Saturday, January 03, 2009

Twitter and languages.

How much knowledge of a foreign language is enough to make a fellow Twitterer a good follow? And is a good follow the same thing as a reasonable follow?

In going through emails re: new followers, I came across one person who tweets in Portuguese. (This isn't the first one, either.) I studied several languages as an undergraduate, French was my language in graduate school, and I did some brushing-up of my German not long ago. I follow a few people who tweet in French, Spanish, and German occasionally. Portuguese, however, is not on the radar despite my brief encounter with Spanish in middle school.

Does Twitter make it easier to pick up language and/or meaning from context? IM can be difficult if one is at a stage earlier than the two-year point, I think; message boards, just as with posts in English, contain jargon, slang, typos, and other difficulties. But Twitter might provide the right combination. Since Twitter is just now moving out of the early-adopter stage, it's still got people on it who are smart, clear thinkers and whose tweets reflect that.
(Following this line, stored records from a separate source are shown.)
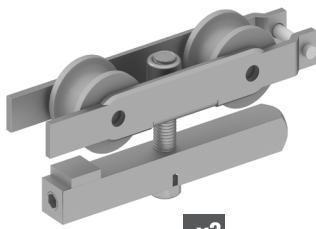

CARRO SKY MADERA 120kg

120kg WOOD SKY ROLLER

x2

x2

x1

REF.
SK.C.120

RETRAC SKY MADERA 60kg

60kg WOOD SKY RETRAC ROLLER
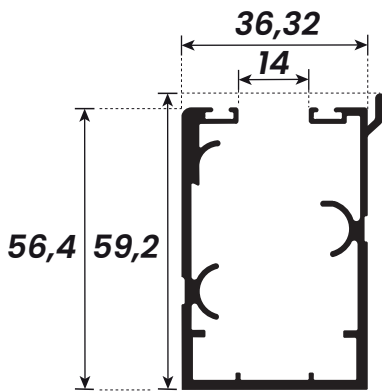

ALUMÍNIO

ENVIDRAÇAMENTO DE **SACADA**

poliformas 
ALUMÍNIOS E FERRAGENS

CÓDIGO	PESO (kg/m)	DESCRIÇÃO	PÁGINA
AS-213	0,564 kg	U de Regulagem Balpi	01
AS-202	0,202 kg	Capa para Trilho Superior e Inferior Balpi	01
AS-204	1,239 kg	Trilho Superior Balpi	01
AS-203	0,979 kg	Trilho Inferior Balpi	01
AS-209	2,266 kg	Prolongador com U de Regulagem Balpi	01
AS-210	0,454 kg	Capa do Prolongador Balpi	01
AS-212	0,626 kg	Montante Duplo de 8mm BALPI	02
AS-211	0,591 kg	Montante Duplo de 10mm BALPI	02
CT-016	0,200 kg	Cantoneira de 25,4 x 25,4 / 1,2mm	02

Cód. Poliformas	Peso (kg/m)
AS-213	0,564

Cód. Poliformas	Peso (kg/m)
AS-202	0,202

Cód. Poliformas	Peso (kg/m)
AS-204	1,239

Cód. Poliformas	Peso (kg/m)
AS-203	0,979

Cód. Poliformas	Peso (kg/m)
AS-209	2,266

Cód. Poliformas	Peso (kg/m)
AS-210	0,454

Cód. Poliformas	Peso (kg/m)
AS-212	0,626

Cód. Poliformas	Peso (kg/m)
AS-211	0,591

Rua C-103, Qd 208, Lt 06 - Setor Sudoeste CEP: 74303-075 - Goiânia - Goiás
(62) 3247 3610
www.poliformas.com.br
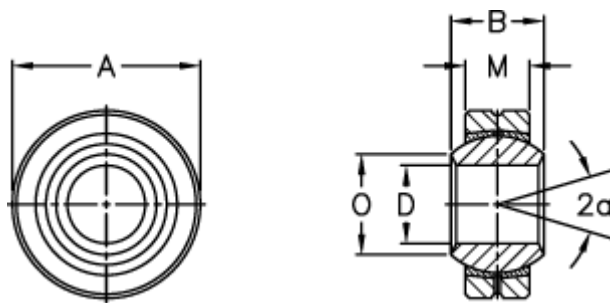

Varenummer: 03400020
Beskrivelse: Fluro Ledleje GL 20

Mål

A	= 46	Tilladelige o/min = 280
a (grader)	= 14	Vægt = 200
B	= 25	
D	= 20	
Dynamisk belastning C (kN)	= 23.5	
M	= 18	
O	= 24.3	
Statisk belastning C0 (kN)	= 94.5

Inasmuch as we can standardize language acquisition, I don't think this is one of those individual pace things. I can see how Twitter could become a huge boon to the learning of foreign languages: an instructor could create a group with people tweeting at levels appropriate to students, who could then follow the group members. Real-time interaction improves language acquisition like nothing else, but it requires a certain level of fluency in order for it to work.

So far, my preliminary answer to the question of meaning acquisition--which isn't language acquisition--is yes. If anyone has experience with this, please comment.